#### DESCRIPTION OF THE TASK
Copy out the lines below that hold the word "ნაკვეთის".

SOURCE DATA below:

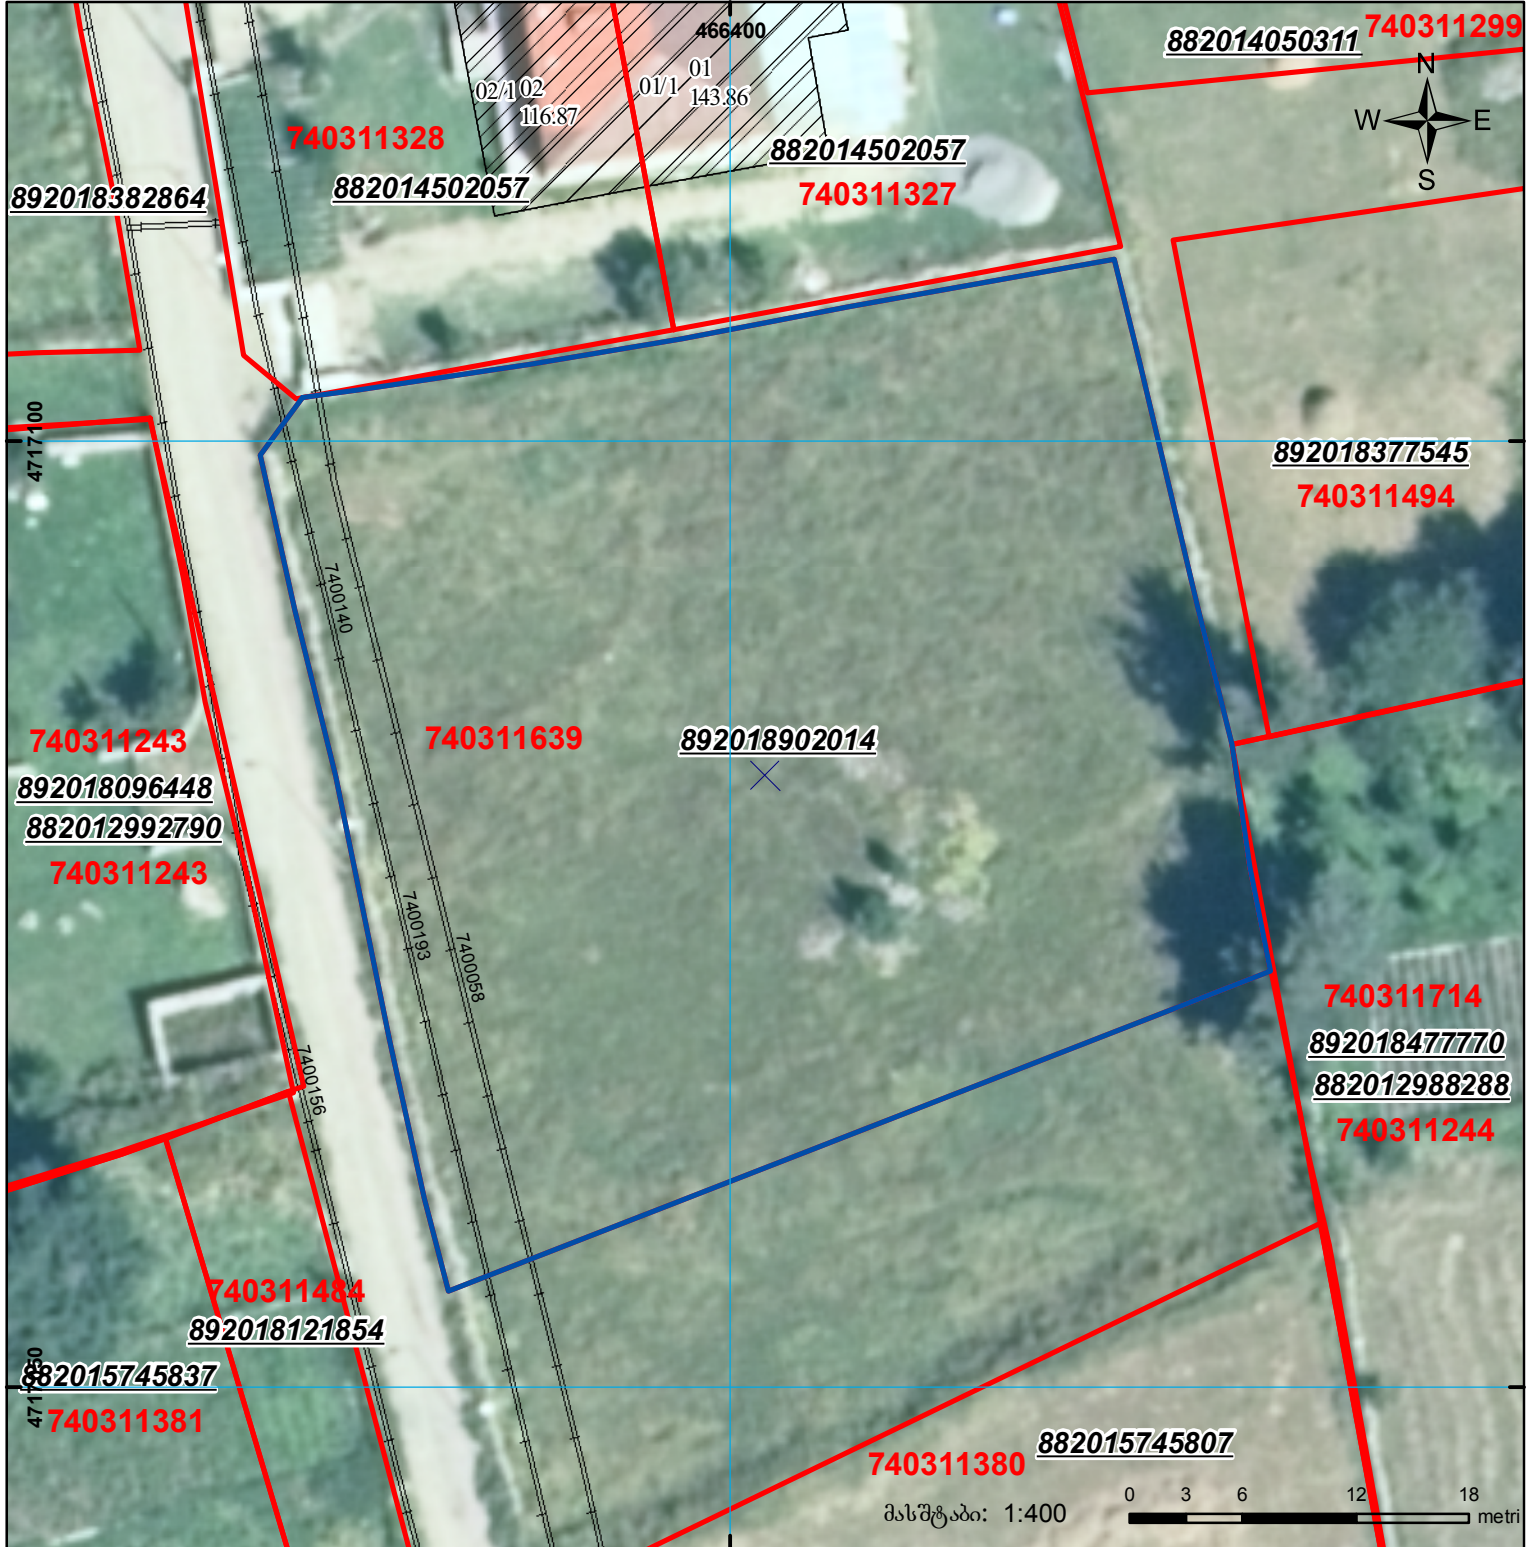

მიწის ნაკვეთის საკადასტრო კოდი: 74 03 11 639
 განცხადების რეგისტრაციის ნომერი: 892018902014
 მიწის ნაკვეთის ფართობი: 2000 კვ.მ.
 მომზადების თარიღი: 23.10.18

	შენიშნული ნაკვეთი, პირობითი ნომერი/სართულიანობა		კალდეხელება		საზოგადოებრივი ნაკვეთი
	მიწის ნაკვეთის საკადასტრო საზღვარი		შენიშნული ნაკვეთი		

UTM (საერთაშორისო) სისტემის კოორდ.

End of SOURCE DATA.

#### EXERCISE RESULT
მიწის ნაკვეთის საკადასტრო კოდი: 74 03 11 639
 მიწის ნაკვეთის ფართობი: 2000 კვ.მ.
	მიწის ნაკვეთის საკადასტრო საზღვარი		შენიშნული ნაკვეთი		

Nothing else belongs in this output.